Epoch 0, Total Error: 1
Epoch 1000, Total Error: 1
Epoch 2000, Total Error: 1
Epoch 3000, Total Error: 1
Epoch 4000, Total Error: 1
Epoch 5000, Total Error: 1
Epoch 6000, Total Error: 1
Epoch 7000, Total Error: 1
Epoch 8000, Total Error: 1
Epoch 9000, Total Error: 1


Forward Propagation:

hidden_layer_input: The weighted sum of the inputs for the hidden layer. This is calculated by performing matrix multiplication (np.dot(X, w1)) and adding the bias (b1).

The shape of hidden_layer_input is (4, 4) since there are 4 data points and 4 hidden neurons.

hidden_layer_output: The output of the hidden layer, which is obtained by applying the step_function (activation function) to hidden_input.
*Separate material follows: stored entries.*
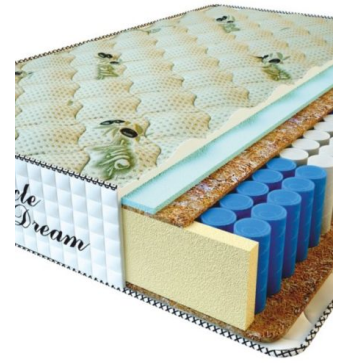

MATTRESS PREMIUM LUX (200 CM * 180 CM * 25 CM)

Anatomical mattress Premium Lux

Price: $ 281

[Bedroom furniture, Furniture, Mattresses](#)

Height (cm) / Высота (см): 25
Length (cm) / Длина (см): 200
Width (cm) / Ширина (см): 180
Weight (kg) / Вес (кг): 36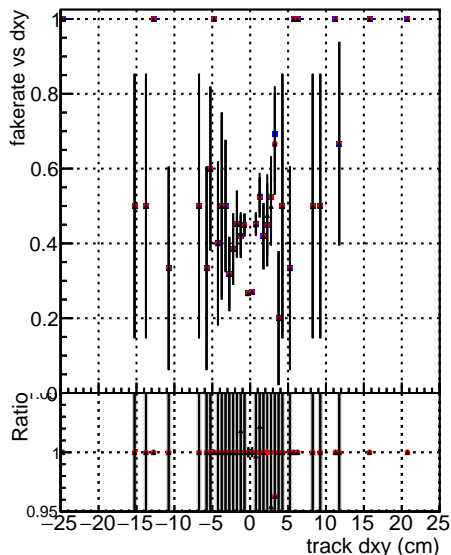

**Fake rate vs dx****Duplicates Rate vs Dxy****Pileup rate vs dxy**

—●— DGM ttbarPU mkFit -5iter  
—●— DGM ttbarPU mkFit -5iter updatedPR111\_update  
—●— DGM ttbarPU mkFit -5iter updatedPR111\_update\_fixPropagation

**Fake rate vs dz****Duplicates Rate vs Ddz****Pileup rate vs dz**

output_layer_input: The weighted sum of the inputs to the output layer. This is calculated by performing matrix multiplication (np.dot(hidden_layer_output, w2)) and adding the bias (b2).

The shape of output_layer_input is (4, 1) since there are 4 data points and 1 output neuron.

predicted_output: The final output of the network, which is obtained by applying the step_function to output_input.


Backpropagation (Weight Updates):

Compute gradients (d_output and d_hidden) for adjusting weights.

Update W1, W2, b1, and b2 using gradient descent.

In [15]:
# Final predictions and accuracy
predictions = step_function(np.dot(step_function(np.dot(X, weights_input_hidden)), weights_hidden_output))
print(predictions)
accuracy = np.mean(predictions == y) * 100  # Accuracy as percentage
print(f"Accuracy: {accuracy}%")

[[0]
 [1]
 [1]
 [1]]
Accuracy: 75.0%


My Comments:-

The predictions [0, 1, 1, 0] correspond to the XOR outputs for the inputs [0, 0], [0, 1], [1, 0], [1, 1] respectively.
If the accuracy is 100%, meaning the network successfully learned the XOR function.

you can also use Gradient Descent method instead of perceptron learning rule for Backpropagation or Update the wights.

You can adjust the number of epochs, learning rate, or other parameters for better performance, but this should work well for the XOR problem.

Accuracy:- The percentage of correct predictions after training.

This implementation demonstrates how an MLP with a single hidden layer can learn the XOR function using the perceptron learning rule.